### WORK TASK
Collect all lines below with the string "põrandaspaigalduskanalile".

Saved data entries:
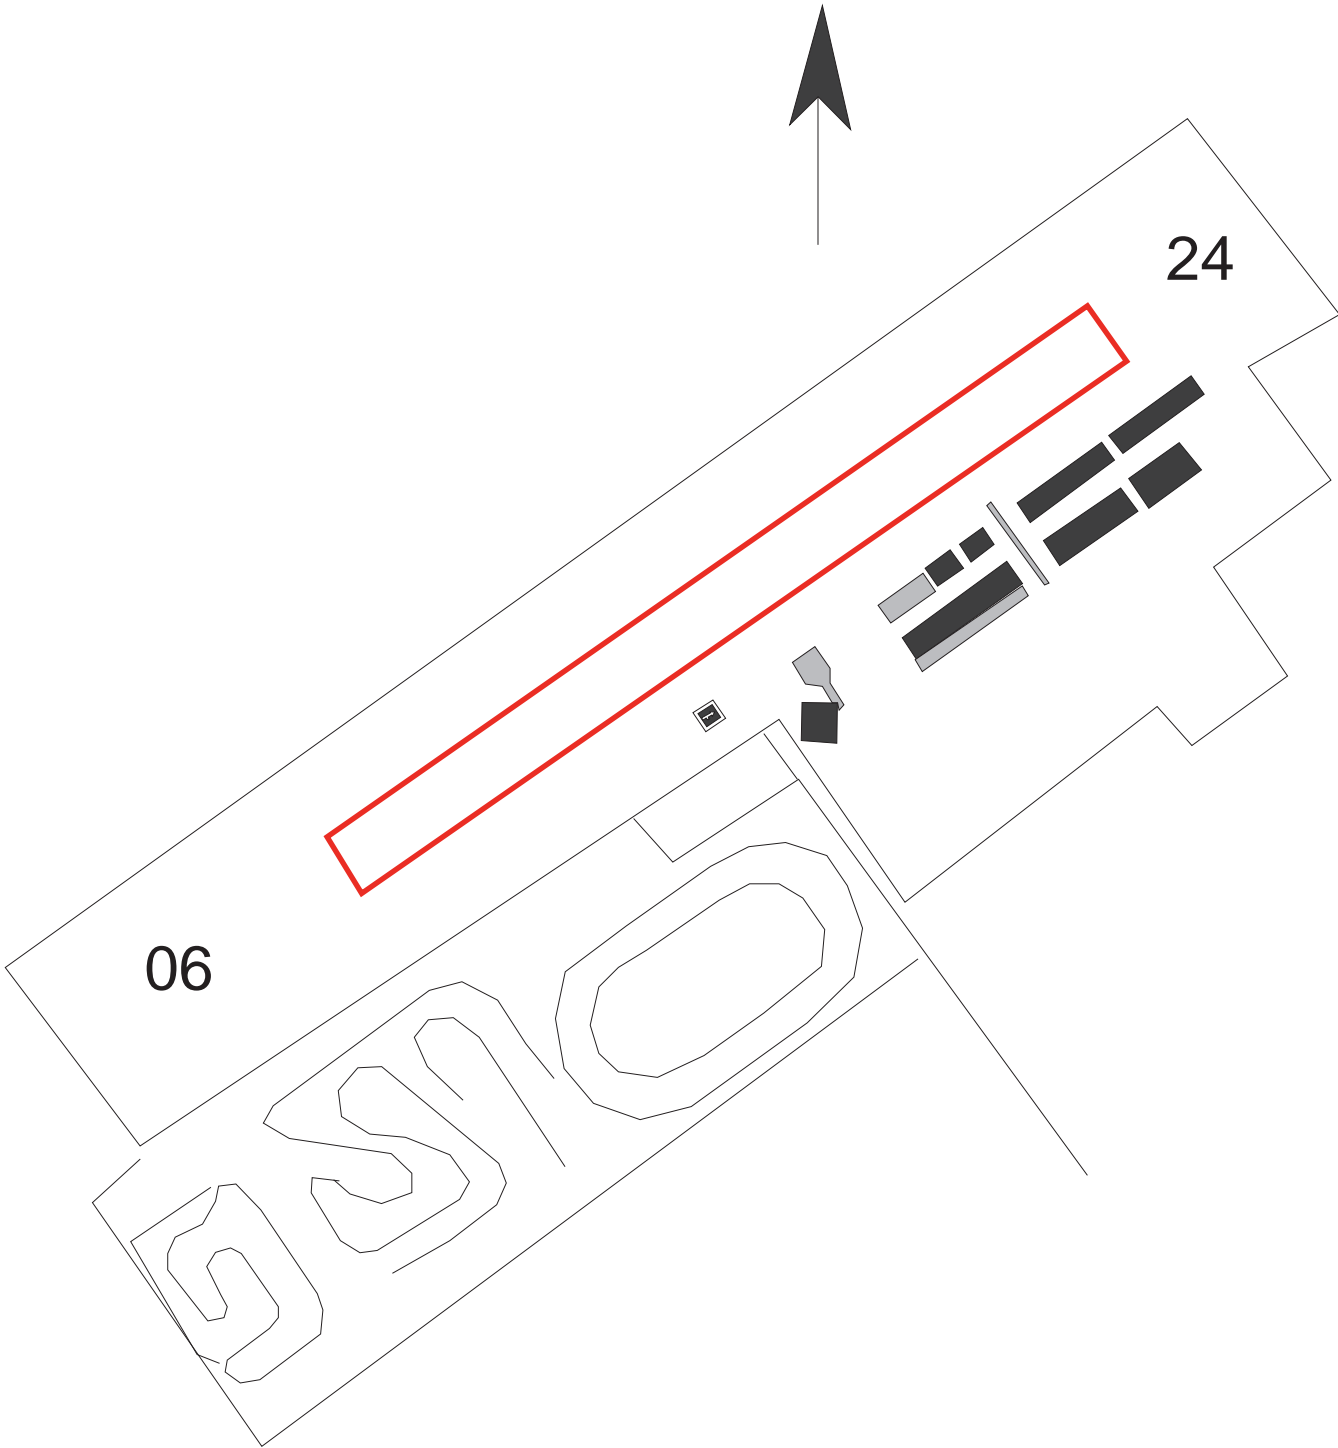

Alt 30 ft

07 830 m

Stadskanaal

EHST

Alt 13 ft

06 479 m

Teuge

EHTE
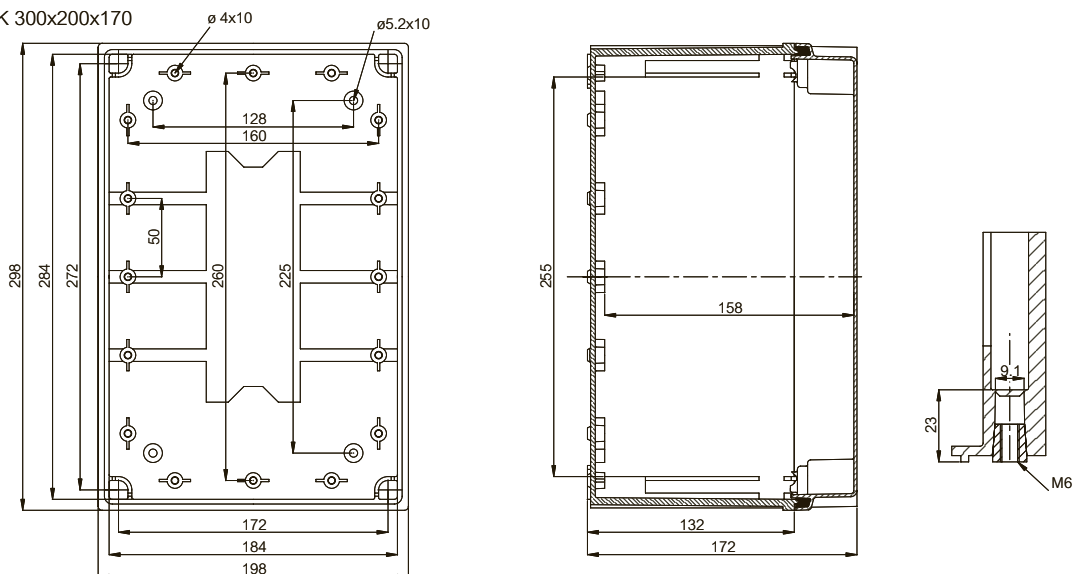

QUICK 300x200x170
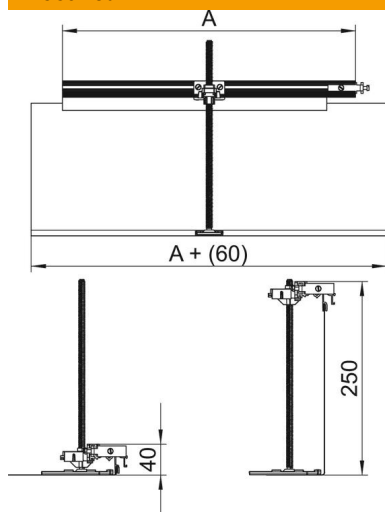

Tehniline andmeleht

Paremasuunalise nurkharu komplekt, kõrgus 40–240 mm

Artiklinumber: 7423986

Kohapealseks kanaliharumoodustamiseks 90° nurga all paremale. Koos kõigi paigaldamiseks vajalike detailidega. Sobib kanalisüsteemide OKA-G ja OKA-W jaoks.

St Teras

FS kuumtsingitud lintmeetodil

Põhiandmed

Artiklinumber	7423986
Tüüp	OKA-G50040240FBR
Nimetus 1	Pöörang paremale
Nimetus 2	kanali OKA-G ja OKA-W
Tooja	OBO
Materjal	Teras
Pinnakate	kuumtsingitud lintmeetodil
Pindala standard	DIN EN 10346
Väikseim täisühik	1
Koguse ühik	Tükk
Kaal	102,7 kg
Kaaluühik	kg/100 tk

Tehniline andmeleht

Paremasuunalise nurkharu komplekt, kõrgus 40–240 mm

Artiklinumber: 7423986

Mõõtmed

Pikkus	560 mm
Laius	500 mm

Tehnilised andmed

Paigaldusava kate	ei
Põhjaplekk	ei
Lukustuv kaanekinnitus	ei
Tihendi paigaldusvõimalus	ei
Põrandapealse paagi paigaldusava	ei
Lahtisidestatav	ei
Funktsioon	Hargmik
Sobib paisumisvuugile	ei
Sobib põranda tasapinnas suletud põrandaspaigalduskanalile	ei
Sobib põranda tasapinnas avatava põrandaaluse kanaliga	ei
Sobib pealt kaetavale põrandaspaigalduskanalile	ei
Max kanalikõrgus	240 mm
Min kanalikõrgus	40 mm
Tasanduskihi miinimumpaksus	40
Ühendusavaga	ei
Koos potentsiaaliühtlustusega	ei
Vaheseinaga	ei
Üleulatuv	jah
Max joondusvahemik	200 mm
Min joondusvahemik	0 mm
Eemaldatav kaas	ei
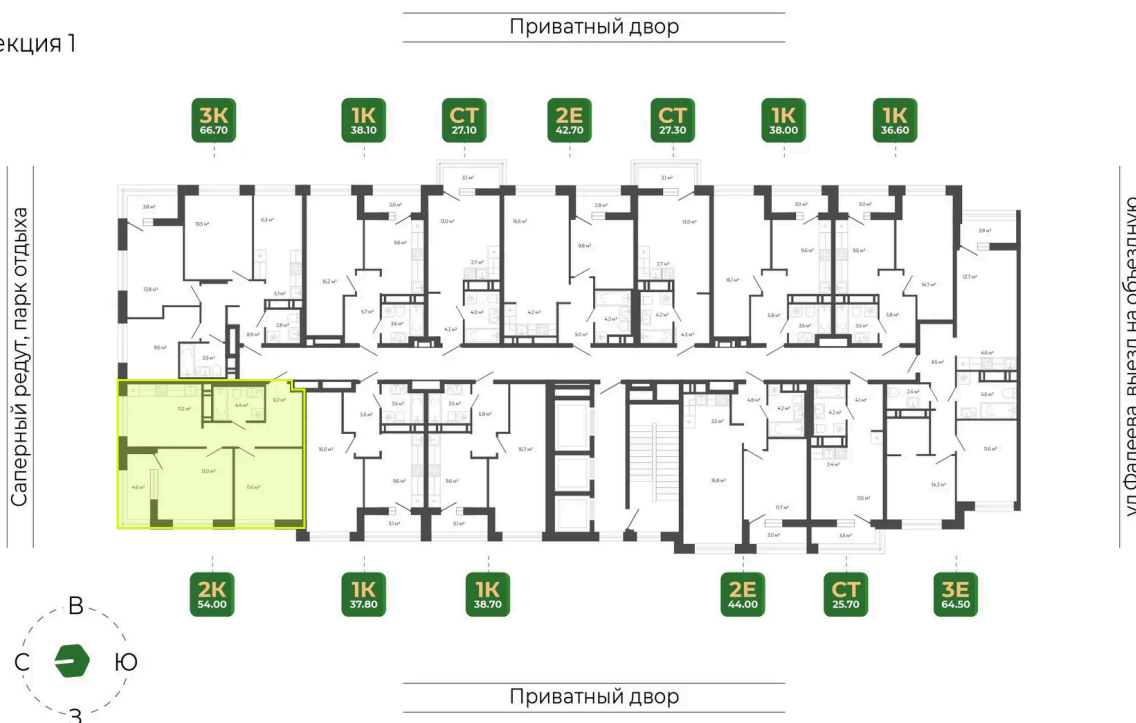

Номер: 149

2 комнатная 54.1 м²

Отсканируйте QR-код
и смотрите на сайте
гринхилс.рф

9 981 644 руб.

СУБСИДИРОВАННАЯ СТАВКА

Отделка Сан.узла

White Box

Корпус	Корпус 2	Этаж	13
Секция	1	Сдача	1 кв. 2027

10.04.2026 20:49 (Мск)

Не является публичной офертой, цена может быть скорректирована. Информация взята с сайта «гринхилс.рф»

На этаже 13

2 комнатная 54.1 м²

Секция 1

10.04.2026 20:49 (Мск)

Не является публичной офертой, цена может быть скорректирована. Информация взята с сайта «гринхилс.рф»

На генплане Корпус 2

2 комнатная 54.1 м²

10.04.2026 20:49 (Мск)

Не является публичной офертой, цена может быть скорректирована. Информация взята с сайта «гринхилс.рф»

### ANSWER BOX
Sobib põranda tasapinnas suletud põrandaspaigalduskanalile	ei
Sobib pealt kaetavale põrandaspaigalduskanalile	ei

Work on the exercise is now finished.